Il fit rapidement de la main les gestes sacrés et murmura les noms divins d'Amon, en laissant retomber la tenture et sans même se donner la peine de faire une révérence et de mettre les mains à la hauteur des genoux.

Puis il sortit et nous laissa seuls dans le parvis sombre dont les dalles glaçaient nos pieds nus. Après son départ, Môse sortit une lampe et Ahmôse pénétra sans gêne dans le sacro-saint et y prit le feu d'Amon pour allumer la lampe.

– On serait bien fous de rester dans l'obscurité, dit Môse.

Et nous nous sentîmes plus à l'aise, bien qu'un peu intimidés. Ahmôse avait du pain et de la viande, Mata et Nefrou se mirent à jouer aux dés en criant d'une voix si aiguë que le temple retentissait. Après avoir mangé, Ahmôse s'enroula dans son vêtement et s'étendit en pestant contre la dureté des dalles, Sinoufer et Nefrou ne tardèrent pas à suivre son exemple.

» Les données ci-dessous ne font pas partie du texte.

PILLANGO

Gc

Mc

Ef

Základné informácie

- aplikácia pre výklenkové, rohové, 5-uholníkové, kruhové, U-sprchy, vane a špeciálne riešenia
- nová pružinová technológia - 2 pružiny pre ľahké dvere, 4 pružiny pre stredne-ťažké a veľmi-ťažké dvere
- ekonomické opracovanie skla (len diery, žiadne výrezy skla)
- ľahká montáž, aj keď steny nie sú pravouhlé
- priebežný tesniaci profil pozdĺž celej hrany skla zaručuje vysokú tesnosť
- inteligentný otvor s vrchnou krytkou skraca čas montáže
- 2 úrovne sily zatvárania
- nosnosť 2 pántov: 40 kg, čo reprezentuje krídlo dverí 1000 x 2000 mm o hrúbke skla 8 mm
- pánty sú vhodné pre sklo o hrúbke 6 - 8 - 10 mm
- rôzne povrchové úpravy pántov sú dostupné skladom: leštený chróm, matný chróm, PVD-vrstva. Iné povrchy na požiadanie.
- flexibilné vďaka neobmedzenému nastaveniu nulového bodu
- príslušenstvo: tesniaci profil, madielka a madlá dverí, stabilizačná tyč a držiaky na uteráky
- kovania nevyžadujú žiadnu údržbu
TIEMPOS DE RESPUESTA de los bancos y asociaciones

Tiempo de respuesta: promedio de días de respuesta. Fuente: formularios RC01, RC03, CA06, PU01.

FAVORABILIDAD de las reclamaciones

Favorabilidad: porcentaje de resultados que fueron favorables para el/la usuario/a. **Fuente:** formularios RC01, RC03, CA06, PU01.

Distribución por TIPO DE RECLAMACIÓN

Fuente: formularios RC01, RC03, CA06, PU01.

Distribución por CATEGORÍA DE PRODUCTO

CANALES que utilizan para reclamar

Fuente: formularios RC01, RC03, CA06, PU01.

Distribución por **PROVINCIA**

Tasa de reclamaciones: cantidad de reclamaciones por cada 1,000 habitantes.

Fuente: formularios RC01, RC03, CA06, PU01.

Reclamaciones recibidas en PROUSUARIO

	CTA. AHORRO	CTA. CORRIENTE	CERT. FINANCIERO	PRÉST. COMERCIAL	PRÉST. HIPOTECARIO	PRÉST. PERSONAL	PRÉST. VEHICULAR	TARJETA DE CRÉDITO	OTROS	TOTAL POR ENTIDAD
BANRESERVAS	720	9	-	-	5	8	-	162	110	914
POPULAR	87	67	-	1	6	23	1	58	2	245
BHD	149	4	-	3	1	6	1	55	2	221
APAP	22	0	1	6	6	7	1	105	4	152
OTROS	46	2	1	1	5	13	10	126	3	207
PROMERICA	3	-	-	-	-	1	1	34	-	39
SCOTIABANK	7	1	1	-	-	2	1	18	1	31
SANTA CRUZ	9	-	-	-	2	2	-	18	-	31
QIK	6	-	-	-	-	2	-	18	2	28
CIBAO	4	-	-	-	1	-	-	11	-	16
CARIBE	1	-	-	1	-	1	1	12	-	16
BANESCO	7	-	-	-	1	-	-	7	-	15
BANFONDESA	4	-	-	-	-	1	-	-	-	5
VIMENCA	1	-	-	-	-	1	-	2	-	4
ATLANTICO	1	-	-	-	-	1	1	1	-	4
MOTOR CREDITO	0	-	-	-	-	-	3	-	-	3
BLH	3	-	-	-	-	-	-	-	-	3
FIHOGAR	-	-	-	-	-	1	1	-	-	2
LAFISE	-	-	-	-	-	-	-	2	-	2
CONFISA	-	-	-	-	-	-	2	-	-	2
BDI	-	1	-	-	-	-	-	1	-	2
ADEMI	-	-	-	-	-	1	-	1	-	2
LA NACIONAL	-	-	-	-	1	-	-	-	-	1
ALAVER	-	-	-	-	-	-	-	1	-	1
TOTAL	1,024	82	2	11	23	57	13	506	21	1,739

Moi, j'étais jeune et je veillais, tout en sachant que le prêtre avait reçu de Metoufer une cruche de vin et qu'il l'avait invité dans sa chambre avec deux autres fils de bonne famille, si bien qu'il ne viendrait pas nous surprendre. Je veillais, bien que je susse par ouï-dire que tous les candidats mangeaient, jouaient ou dormaient en cachette. Mata se mit à parler du temple de Sekhmet à la tête de lionne, où la fille céleste d'Amon apparaissait aux rois guerriers et les embrassait. Ce temple était derrière celui d'Amon, mais il n'était plus en faveur. Depuis des dizaines d'années, le pharaon n'y était plus retourné, l'herbe poussait entre les gros pavés de la cour. Mais Mata prétendait qu'il n'aurait rien à objecter à veiller là-bas et à embrasser la nudité de la déesse, et Nefrou lançait les dés, bâillait et déplorait de n'avoir pas eu l'idée de prendre du vin. Puis, tous deux se couchèrent, et bientôt je fus seul à veiller.

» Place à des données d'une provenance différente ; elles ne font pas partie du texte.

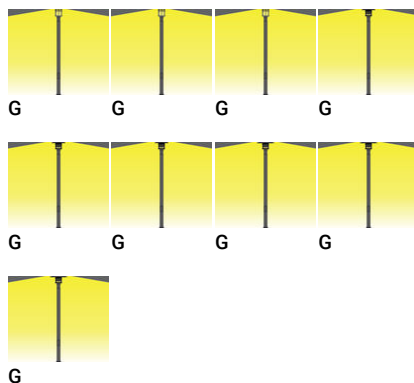

Символ цвета
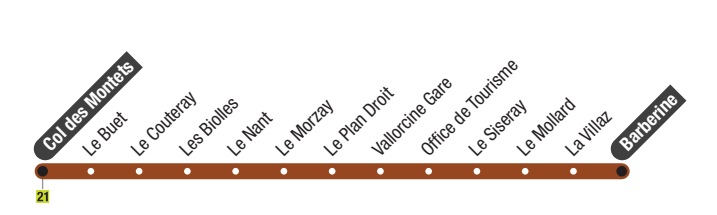

Le Mulet

Navette centre-ville
Town center shuttle

Circule **tous les jours** du 22 juin au 8 septembre 2024
Operates **everyday** from 22 June to 8 September 2024

Vallorcine Barberine → Col des Montets

Circule **tous les jours** du 22 juin au 8 septembre 2024
Operates **everyday** from 22 June to 8 September 2024

Table of departure times for Le Mulet service. Columns include stations: Chamornix Sud Gare Routière, Grépon Caisse, Grépon Tremplin, Aiguille du Midi, Le Sapi, Casino, Place du Triangle de l'Amitié, Place Mont Blanc, Place du Poilu, Gare du Poilu, Gare SNGF, Helbronner, EHPAD, Le Lyret, Entrèves, Chamornix Sud Gare Routière. Rows show departure times from 8:00 to 19:15.

Barberine → Le Buet → Col des Montets

Table of departure times for Barberine → Le Buet → Col des Montets service. Columns include stations: Barberine, La Villaz, Le Mollard, Le Siseray, Office tourisme, Train venant de Chamornix, Vallorcine Gare, Train vers Chamornix, Le Plan Droit, Le Morzay, Le Nant, Les Biolles, Le Couteray, Le Buet, Train vers Chamornix, Col des Montets. Rows show departure times from 8:00 to 17:46.

Col des Montets → Le Buet → Barberine

Table of departure times for Col des Montets → Le Buet → Barberine service. Columns include stations: Col des Montets, Train venant de Chamornix, Le Buet, Le Couteray, Les Biolles, Le Nant, Le Morzay, Le Plan Droit, Train venant de Chamornix, Vallorcine Gare, Train vers Chamornix, Office tourisme, Le Siseray, Le Mollard, La Villaz, Barberine. Rows show departure times from 8:07 to 18:18.

La nuit fut longue, et tandis que les autres dormaient, une profonde piété s'empara de moi, car j'étais encore jeune et je me disais que j'étais resté pur et que j'avais observé strictement tous les rites, afin qu'Amon pût m'apparaître. Je répétais ses noms sacrés et je prêtais l'oreille aux moindres bruits, les sens aux aguets, mais le temple restait vide et froid. Vers l'aube le rideau du sanctuaire bougea un peu, et ce fut tout. Lorsque la lumière du jour entra dans le temple, j'éteignis la lampe, en proie à une déception indicible, et je réveillai mes compagnons.

Les soldats soufflèrent dans leurs trompettes, les gardiens furent relevés sur les murs, et un murmure indistinct me parvint des cours, comme la houle des eaux lointaines dans le vent, si bien que nous sûmes que la journée et le travail avaient commencé dans le temple. Le prêtre finit par venir en toute hâte, suivi, à ma grande surprise, de Metoufer. Tous deux sentaient le vin, ils se tenaient par le bras, et le prêtre balançait à la main les clefs des bons coffres et répétait avec l'aide de Metoufer les paroles sacrées, avant de nous saluer.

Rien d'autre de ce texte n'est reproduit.